*Task description*.
Output only how many lines below contain "State".

*Material for the task*.
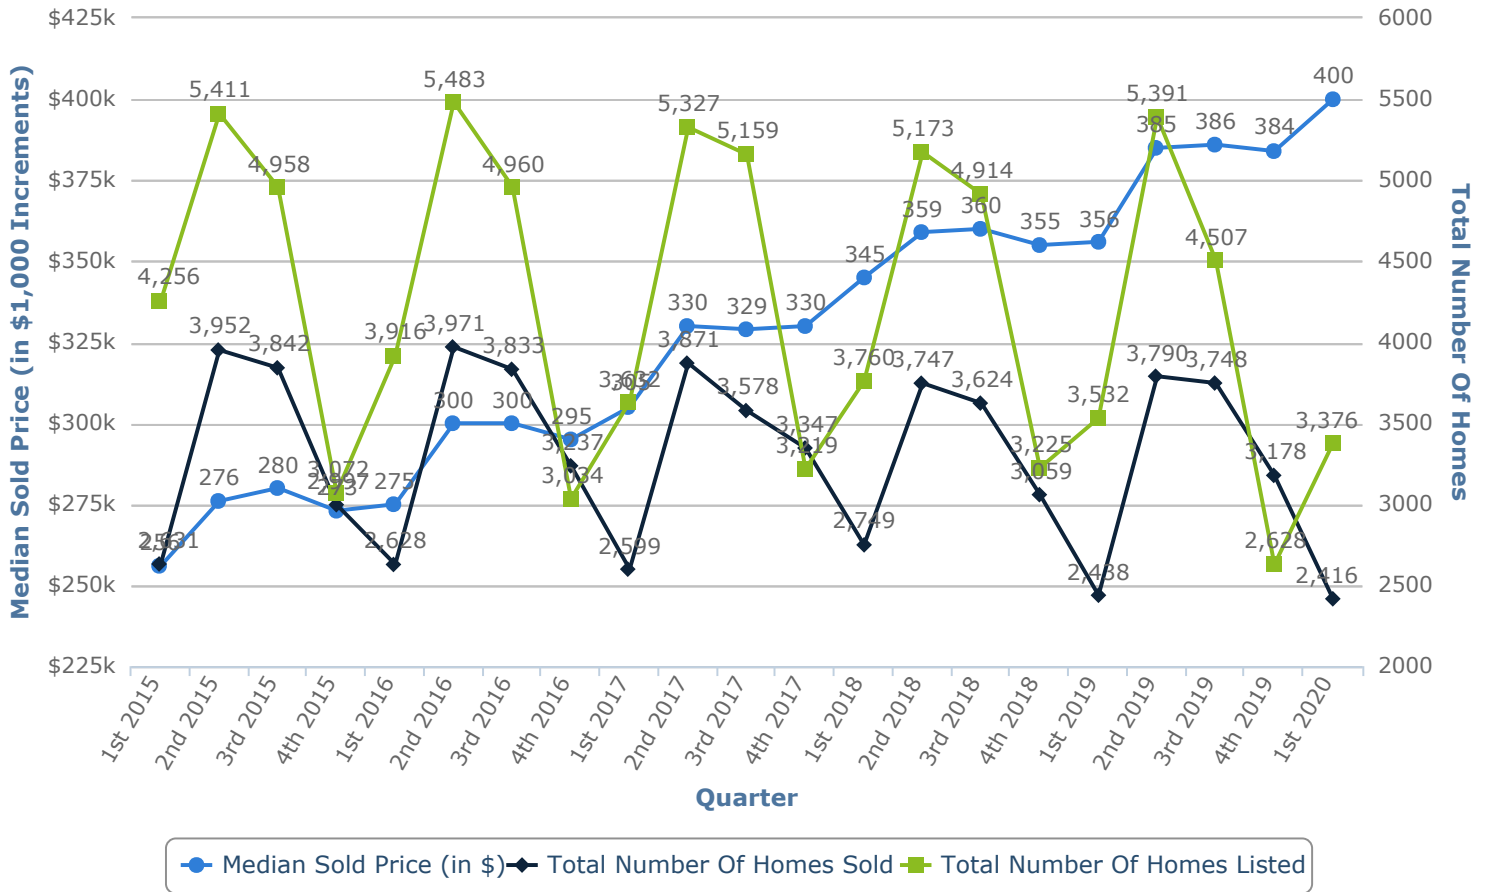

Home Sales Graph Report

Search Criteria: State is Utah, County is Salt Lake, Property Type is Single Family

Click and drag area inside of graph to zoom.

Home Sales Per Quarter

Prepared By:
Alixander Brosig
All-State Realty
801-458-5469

--

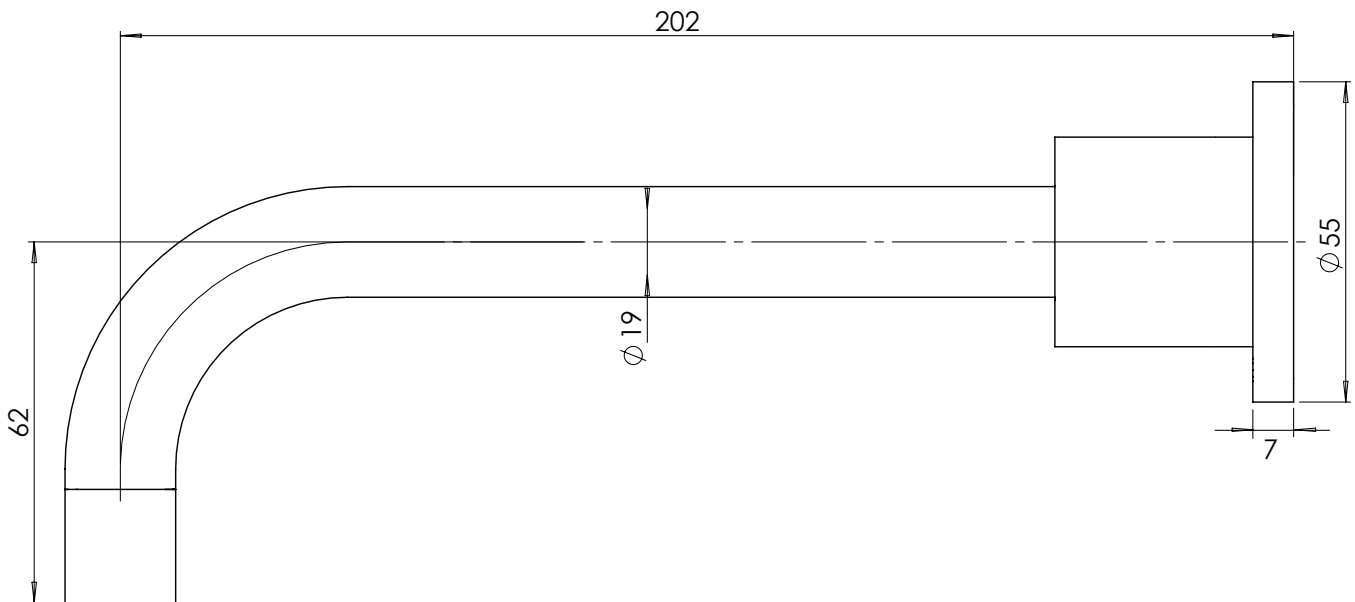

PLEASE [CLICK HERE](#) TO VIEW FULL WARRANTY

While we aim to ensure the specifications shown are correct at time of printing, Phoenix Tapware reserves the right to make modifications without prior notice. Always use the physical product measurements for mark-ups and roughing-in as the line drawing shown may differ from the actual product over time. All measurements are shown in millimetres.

*The answer*.
2